◆ Your goal
Find every line in the records that holds the string "Right". Copy each one.

◆ Task input
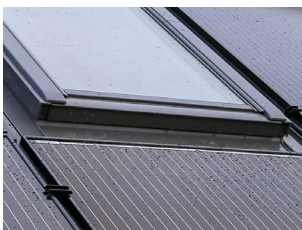

Living comfort and power generation

Skylights and solar panels

VELUX®

Photograph: VELUX Nederland B.V.

Integration of VELUX skylights with GSE Integration BIPV mounting system

- Functional solution to combine daylight and fresh air with power generation
- The principal colour of the flashing ODL developed for GSE Integration system is grey .
- The ODL flashings is available in black and can be combined with window type GGL MK06 and MK08 2570 black (RAL 9005) for optimal aesthetics with the photovoltaic system
- 100% waterproof system
- Compatible with several dimensions and brands of photovoltaic panels
- Choose the configuration and the finish of the skylights
- Perfectly adaptive with the available window decoration and sun blinds
- GSE Integration supplies the necessary side flashings for the ODL connection
- The installation of the ODL flashings offers flexibility with more than 20 mm tolerance
- Quick assembly within GSE Integration array.

Connections

Lower detail

Side detail

Designed for maximum integration

More information

www.velux.nl/pv

Applications

Compatible with VELUX skylights and ODL flashings in the following dimensions:
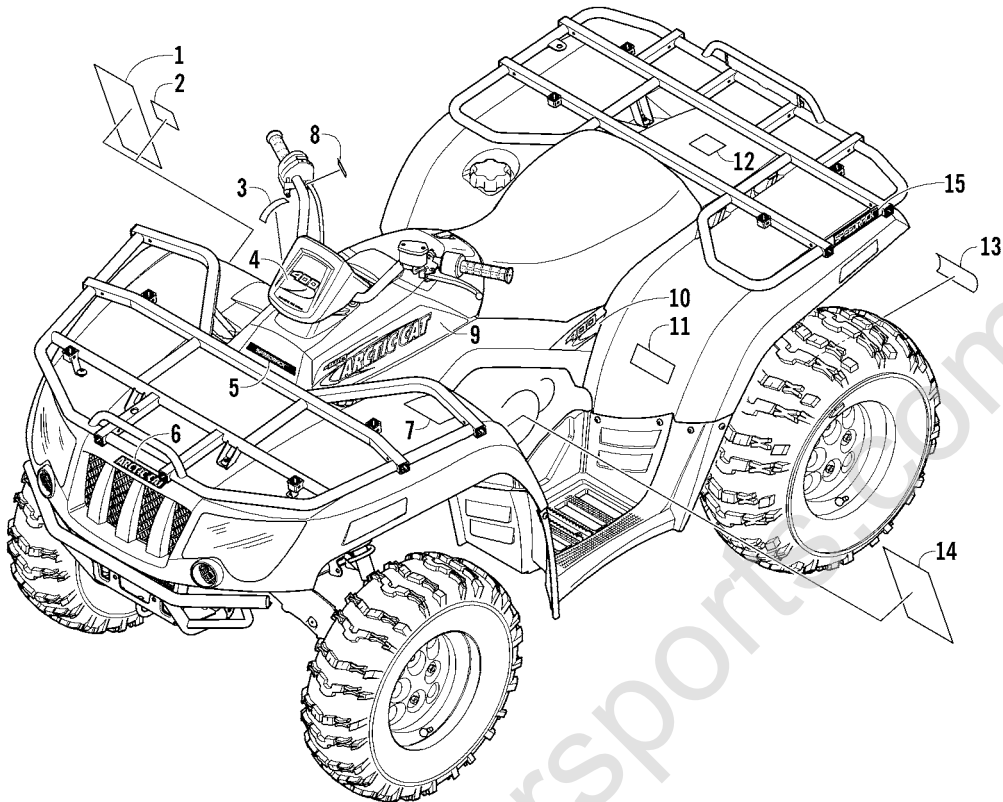

DECALS

0740-575 *Included on Front/Rear Fender Panels

Ref.	Part No.	Qty.	Description	Ref.	Part No.	Qty.	Description
1	1411-250	1	Decal, Warning - Reverse/Pre-Ride*	10	1411-060	1	Decal, Side - Lower Right
2	0411-835	1	Decal, Warning - Hill		1411-061	1	Decal, Side - Lower Left
3	0411-426	1	Decal, Warning - Clutch Cover		1411-062	1	Decal, Side - Lower Right (Green)
4	1411-047	1	Decal, Instrument Pod		1411-063	1	Decal, Side - Lower Left (Green)
	1411-048	1	Decal, Instrument Pod (Green)	11	0411-430	1	Decal, Warning - Tire Pressure
5	1411-051	1	Decal, "Speedrack"	12	0411-435	1	Decal, Warning - Passenger
	1411-052	1	Decal, "Speedrack" (Green)	13	0411-267	1	Decal, Warning - Towing
6	0411-840	1	Decal, Front	14	0411-218	1	Decal, Warning - General*
	0411-839	1	Decal, Front (Green)	15	0411-965	2	Decal, "Speedrack"
7	0411-401	1	Decal, Warning - Age*				
8	0411-966	1	Decal, Warning - Differential Lock				
9	1411-054	1	Decal, Side - Upper Right				
	1411-055	1	Decal, Side - Upper Left				
	1411-056	1	Decal, Side - Upper Right (Green)				
	1411-057	1	Decal, Side - Upper Left (Green)

◆ Task result
1	1411-250	1	Decal, Warning - Reverse/Pre-Ride*	10	1411-060	1	Decal, Side - Lower Right
3	0411-426	1	Decal, Warning - Clutch Cover		1411-062	1	Decal, Side - Lower Right (Green)
9	1411-054	1	Decal, Side - Upper Right				
	1411-056	1	Decal, Side - Upper Right (Green)				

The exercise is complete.